▶ _Activity_: Reproduce exactly the opening lines of the listing, stopping after the line that contains "Járótalp / Outsole" and including it.

───── Record extracts ─────

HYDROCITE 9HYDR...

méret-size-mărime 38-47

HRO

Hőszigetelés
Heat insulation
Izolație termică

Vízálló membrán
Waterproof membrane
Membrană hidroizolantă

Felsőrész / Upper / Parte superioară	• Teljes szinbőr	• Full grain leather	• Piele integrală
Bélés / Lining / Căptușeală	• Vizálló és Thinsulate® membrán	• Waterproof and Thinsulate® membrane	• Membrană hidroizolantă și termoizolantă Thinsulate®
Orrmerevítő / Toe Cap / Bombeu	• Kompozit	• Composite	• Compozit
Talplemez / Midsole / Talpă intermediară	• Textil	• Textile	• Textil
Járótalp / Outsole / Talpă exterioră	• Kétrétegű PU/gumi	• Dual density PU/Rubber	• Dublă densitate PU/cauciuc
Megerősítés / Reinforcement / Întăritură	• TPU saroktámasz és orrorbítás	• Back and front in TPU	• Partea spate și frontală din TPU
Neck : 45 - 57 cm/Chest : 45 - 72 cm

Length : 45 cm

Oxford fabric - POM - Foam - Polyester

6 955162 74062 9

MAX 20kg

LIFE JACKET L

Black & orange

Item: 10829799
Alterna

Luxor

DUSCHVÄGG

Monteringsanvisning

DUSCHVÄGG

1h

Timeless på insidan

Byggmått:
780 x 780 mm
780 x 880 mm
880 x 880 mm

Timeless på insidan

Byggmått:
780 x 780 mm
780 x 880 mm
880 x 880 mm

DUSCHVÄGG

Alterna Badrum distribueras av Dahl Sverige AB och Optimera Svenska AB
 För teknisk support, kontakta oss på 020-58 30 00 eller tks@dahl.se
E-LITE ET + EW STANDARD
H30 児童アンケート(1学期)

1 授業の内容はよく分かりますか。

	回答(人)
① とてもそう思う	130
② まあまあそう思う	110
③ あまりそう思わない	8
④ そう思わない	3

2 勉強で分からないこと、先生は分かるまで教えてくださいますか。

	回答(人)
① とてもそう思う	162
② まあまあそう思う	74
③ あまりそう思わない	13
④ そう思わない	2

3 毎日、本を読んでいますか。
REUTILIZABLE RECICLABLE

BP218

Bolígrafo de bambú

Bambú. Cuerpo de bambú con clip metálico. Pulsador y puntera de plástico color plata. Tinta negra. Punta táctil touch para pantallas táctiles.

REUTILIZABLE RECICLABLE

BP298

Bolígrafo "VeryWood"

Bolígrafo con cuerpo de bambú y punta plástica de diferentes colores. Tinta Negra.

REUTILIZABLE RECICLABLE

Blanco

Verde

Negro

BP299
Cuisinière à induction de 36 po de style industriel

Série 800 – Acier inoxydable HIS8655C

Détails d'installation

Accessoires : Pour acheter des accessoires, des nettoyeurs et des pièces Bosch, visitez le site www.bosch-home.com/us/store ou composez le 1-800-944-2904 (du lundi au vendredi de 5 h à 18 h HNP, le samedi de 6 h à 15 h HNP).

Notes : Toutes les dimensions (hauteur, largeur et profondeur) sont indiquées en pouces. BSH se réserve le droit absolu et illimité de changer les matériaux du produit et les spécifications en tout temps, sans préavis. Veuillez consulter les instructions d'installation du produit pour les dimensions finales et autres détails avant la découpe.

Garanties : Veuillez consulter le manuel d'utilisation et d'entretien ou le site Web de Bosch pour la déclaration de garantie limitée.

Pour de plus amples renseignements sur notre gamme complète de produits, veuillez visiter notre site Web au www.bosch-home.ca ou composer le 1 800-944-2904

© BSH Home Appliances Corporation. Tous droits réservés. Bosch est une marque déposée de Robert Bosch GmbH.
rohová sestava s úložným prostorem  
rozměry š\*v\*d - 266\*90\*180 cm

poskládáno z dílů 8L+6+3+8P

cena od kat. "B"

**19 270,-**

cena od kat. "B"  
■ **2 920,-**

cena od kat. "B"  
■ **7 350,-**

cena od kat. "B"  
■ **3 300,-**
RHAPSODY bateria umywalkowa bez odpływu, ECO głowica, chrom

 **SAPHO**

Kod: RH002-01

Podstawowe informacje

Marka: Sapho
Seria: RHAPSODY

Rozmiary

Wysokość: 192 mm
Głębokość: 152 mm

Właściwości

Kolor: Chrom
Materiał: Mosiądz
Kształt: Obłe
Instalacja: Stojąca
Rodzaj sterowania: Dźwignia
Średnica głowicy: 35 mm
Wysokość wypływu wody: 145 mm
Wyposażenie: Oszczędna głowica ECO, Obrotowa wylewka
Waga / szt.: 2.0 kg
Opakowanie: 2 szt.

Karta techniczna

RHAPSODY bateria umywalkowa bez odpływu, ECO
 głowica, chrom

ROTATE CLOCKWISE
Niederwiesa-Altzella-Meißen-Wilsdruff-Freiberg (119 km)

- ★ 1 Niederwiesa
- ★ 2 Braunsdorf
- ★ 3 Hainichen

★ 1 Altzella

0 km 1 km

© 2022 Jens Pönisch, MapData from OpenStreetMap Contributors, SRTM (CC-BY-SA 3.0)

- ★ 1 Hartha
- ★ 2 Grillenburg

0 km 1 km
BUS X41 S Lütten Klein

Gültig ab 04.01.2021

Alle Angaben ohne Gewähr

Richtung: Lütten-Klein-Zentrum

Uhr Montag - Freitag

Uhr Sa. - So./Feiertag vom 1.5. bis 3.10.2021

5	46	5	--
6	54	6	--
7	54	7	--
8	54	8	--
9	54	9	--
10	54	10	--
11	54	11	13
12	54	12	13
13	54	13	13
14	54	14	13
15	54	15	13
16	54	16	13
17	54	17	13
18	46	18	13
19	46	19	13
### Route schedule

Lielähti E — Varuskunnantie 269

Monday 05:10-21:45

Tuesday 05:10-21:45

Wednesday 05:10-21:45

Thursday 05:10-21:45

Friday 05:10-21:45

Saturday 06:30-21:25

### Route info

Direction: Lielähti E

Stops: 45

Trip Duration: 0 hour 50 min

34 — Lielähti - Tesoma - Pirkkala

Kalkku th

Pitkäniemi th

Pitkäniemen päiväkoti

─────

▶ _Output for this task_:
HYDROCITE 9HYDR...

méret-size-mărime 38-47

HRO

Hőszigetelés
Heat insulation
Izolație termică

Vízálló membrán
Waterproof membrane
Membrană hidroizolantă

Felsőrész / Upper / Parte superioară	• Teljes szinbőr	• Full grain leather	• Piele integrală
Bélés / Lining / Căptușeală	• Vizálló és Thinsulate® membrán	• Waterproof and Thinsulate® membrane	• Membrană hidroizolantă și termoizolantă Thinsulate®
Orrmerevítő / Toe Cap / Bombeu	• Kompozit	• Composite	• Compozit
Talplemez / Midsole / Talpă intermediară	• Textil	• Textile	• Textil
Járótalp / Outsole / Talpă exterioră	• Kétrétegű PU/gumi	• Dual density PU/Rubber	• Dublă densitate PU/cauciuc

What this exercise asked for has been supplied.